» **Material provided**:
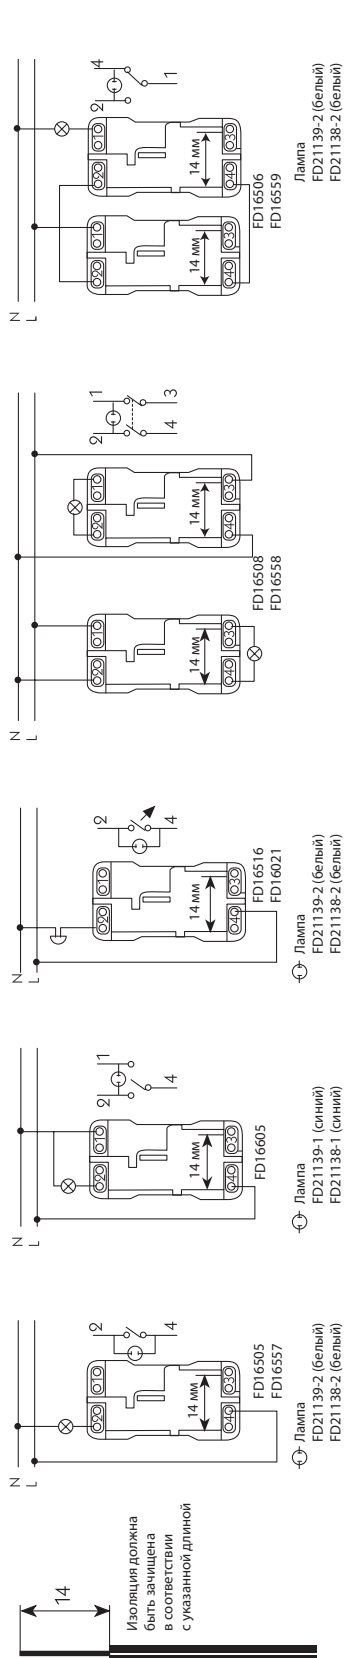

На суппорте имеются стрелки и соответствующие надписи для правильной установки в монтажную коробку.

СХЕМЫ ПОДКЛЮЧЕНИЯ

ТЕХНИЧЕСКИЕ ДАННЫЕ

- FD16505 Выключатель
- FD16506 Переключатель с 2-х мест
- FD16507 Перекрестный выключатель
- FD16508 Двухполюсный выключатель
- FD16516 Механизм кнопки
- FD16605 Механизм выключателя с индикацией режима
- FD18565 Механизм двойной кнопки для жалюзи
- FD18569 Переключатель для жалюзи
- FD16557 Выключатель 16A
- FD16558 Механизм двухполюсного выключателя 16A
- FD16559 Выключатель 16A
- FD16599 Кнопка-выключатель с задержкой времени выключения
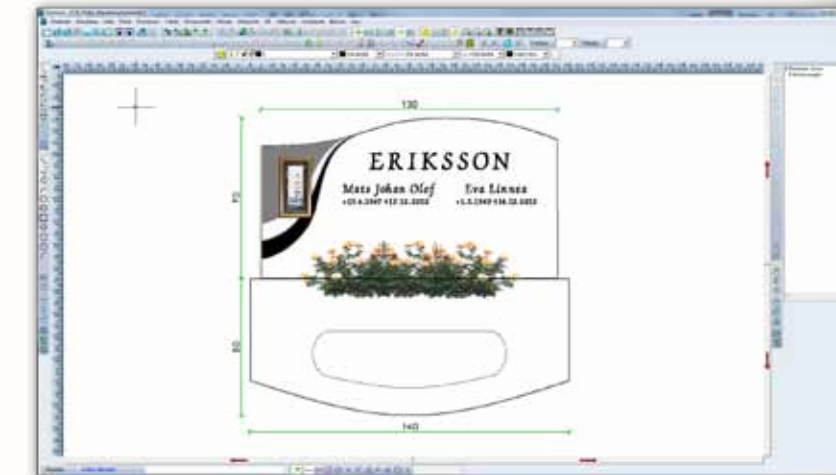

Hautamuistomerkin suunnittelu

Hautamuistomerkin suunnittelu alkaa asiakkaan toiveiden ja tarpeiden kartoituksesta. Valmiisiin muistokiviin tutustuminen herättää usein ajatuksia, joiden pohjalta yksilöllistä muistomerkkiä voidaan ryhtyä suunnittelemaan.

Hautamuistomerkin suunnittelun alkuvaiheessa ammattitaitoinen henkilökuntamme auttaa selvittämään kiven suunnitteluun vaikuttavia seikkoja:

Seurakuntien ohjesäännöt - Seurakunnilla voi olla omia sääntöjään hautausmaille tulevien muistomerkkien kokoon, väriin tai muotoon liittyen. Käytännöstä voi kysyä suoraan seurakunnilta, mutta myös meillä Keikyän Kivellä ja edustajillamme on tiedossa seurakuntien mahdolliset rajoitukset tai vaatimukset.

Hautakiven saa asentaa haudalle pääsääntöisesti 1.6. - 31.10. Eteläisemmässä Suomessa monesti aiemmin keväällä ja myöhemmin syksyllä, ellei routa ole asentamisen esteenä. Seurakunnan palkille voi useimmiten asentaa ympäri vuoden.

Hautapaikan koko - Muistomerkin tulee sopia hautapaikalle. Hautapaikkojen koot vaihtelevat ja esimerkiksi uurnahaudat ovat usein kapeampia, kuin arkkupaikat.

Kiveen tulevien nimien lopullinen lukumäärä ja muun tekstin määrä vaikuttaa paitsi muistokiven kokoon, myös mahdollisiin koristeisiin ja niiden sijoitteluun. Keikyän Kiven ammattitaitoiset kivisuunnittelijat neuvovat sommittelussa.
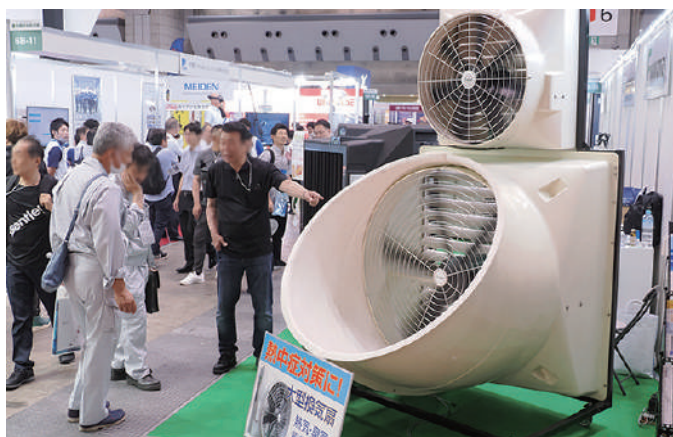

## 職種

**Q5** 会期中、貴社ブースを訪れた1日平均の来訪者数をお聞かせください。

**“昨年よりも  
大幅にブース訪問者の割合が増えました!”**

・昨年と比較すると501人~1,000人の割合が (+7.2%) も上昇しています。  
圧倒的に来場者の母数が増えたことでブースに訪れる人数も年々増えています。

**Q6** 展示会に出展された目的をお聞かせください。(複数回答)
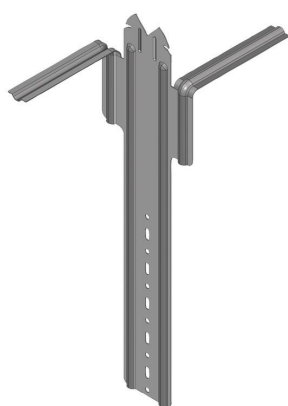

**ROCKWOOL®**  
FIRESAFE INSULATION **BOITE 25 PIECES SUSPENTES  
POUR COMBLES AMENAGES RE LONG 325  
ADAPTABLES**

Ref : 112924

## Caractéristiques techniques

<b>DESCRIPTION</b>	—	Suspente à associer à Rockcomble Evolution (solution pour les combles aménagés). Installation simple et rapide. Elle bénéficie d'ailettes qui se plient facilement pur maintenir le panneau. Compatible avec différentes fourrures.
<b>CONDITIONNEMENT</b>	—	Boite de 25 pièces
<b>LONGUEUR (MM)</b>	—	325 MM
<b>POIDS (KG)</b>	—	3.5 KG
<b>RÉF. FABRICANT</b>	—	278567
<b>MARQUE</b>	—	ROCKWOOL BATIMENT
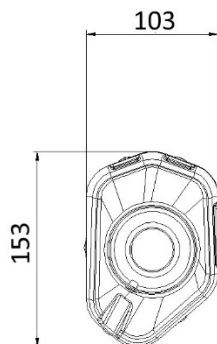

### Características

Material del cuerpo	Acero inox negro
Material de la tapa delantera	Acero inox
Material de la tapa posterior	Carbono
Material interno del silencioso	Acero inox
Material del tramo de conexión	Acero inox
Tipo de fijación al bastidor	Soporte atornillado de acero inox
Longitud total del cuerpo (mm)	300 mm
Díametro interno del acoplamiento al silencioso (mm)	Ø 55
Presencia del dB-Killer	Si
Peso del silencioso	2,3 kg
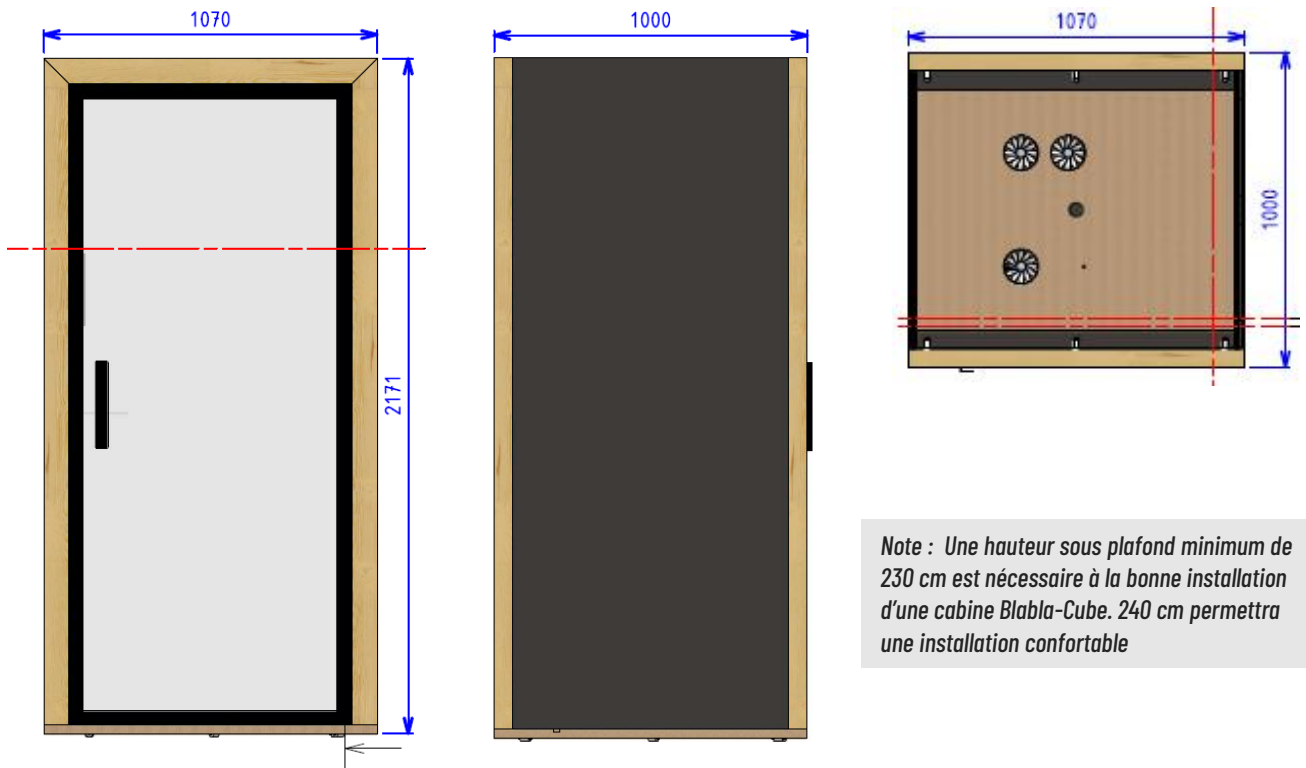

DIMENSIONS EXTÉRIEURES

Note : Une hauteur sous plafond minimum de 230 cm est nécessaire à la bonne installation d'une cabine Blabla-Cube. 240 cm permettra une installation confortable

DIMENSIONS INTÉRIEURES
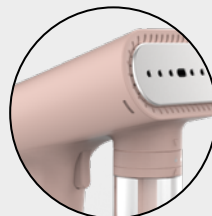

2 modes de puissance

Possibilité de gérer la puissance en fonction de la fibre de textile.
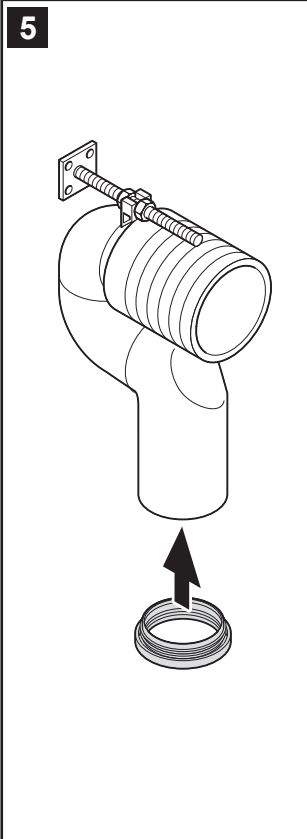

# General Instruction

- DE Montageanleitung  
WC mit Spülkasten, verdeckte Befestigung
- EN Installation Instructions  
WC with cistern, concealed fixation
- ES Instrucciones de montaje  
Inodoro con cisterna, fijación oculta
- FR Instructions de montage  
WC avec réservoir, fixation invisible

- IT Istruzioni di montaggio  
WC con cassetta di risciacquo, fissaggio nascosto
- NL Montage-instructie  
WC met spoelbak, verborgen bevestiging
- RU Инструкция по монтажу  
Унитаз со сливным бачком, скрытое крепление
- ZH 装配说明  
马桶含冲水箱，隐藏式安装
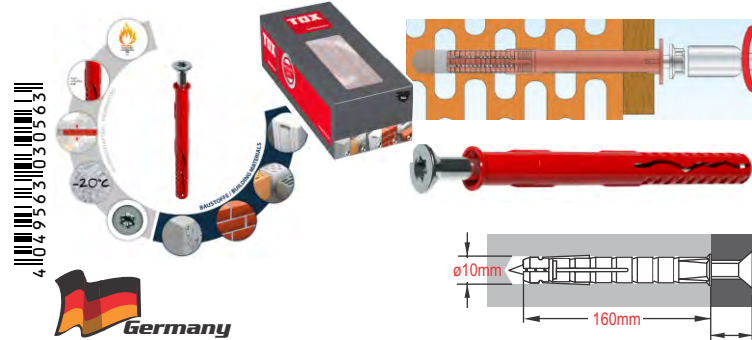

TOX FASSAD Pro SK 10/160 BOX Frame Fixing - 06201441 (122)

25x1 Βύσματα (Rowplugs) με Βίδα, Παντός Τύπου, Καρφωτά
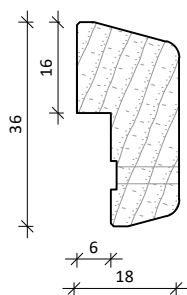

# STANDAARD GLASLATTEN KEGRO DEUREN

VERSIE Mei-2020

Hardhouten lijsten  
(gevingerlast)  $\geq 500\text{kg/m}^3$

36x42/S-30

36x39/S-27

36x36/S-24

36x33/S-21

36x30/S-18

36x27/S-15

36x24/S-12

36x21/S-9

36x18/S-6

36x15/S-3

36x12/S-0

36x15/S+3

17x14/S-0

17x15V/S-0

Latten voor buitenzijde  
*Lat verlijmd op buitenzijde deur*

36x25/SZGV-13

36x25/SZG-13

36x12/SZG-0

alle opdeklaten zijn met 3mm  
voorgeboord geleverd, voor  
3,5x40mm glaslatschroeven

**KEGRO DEUREN**

» **Work to be completed**: Where a line above holds the string "voor", copy that line.

» **Exercise result**:
Latten voor buitenzijde  
voorgeboord geleverd, voor  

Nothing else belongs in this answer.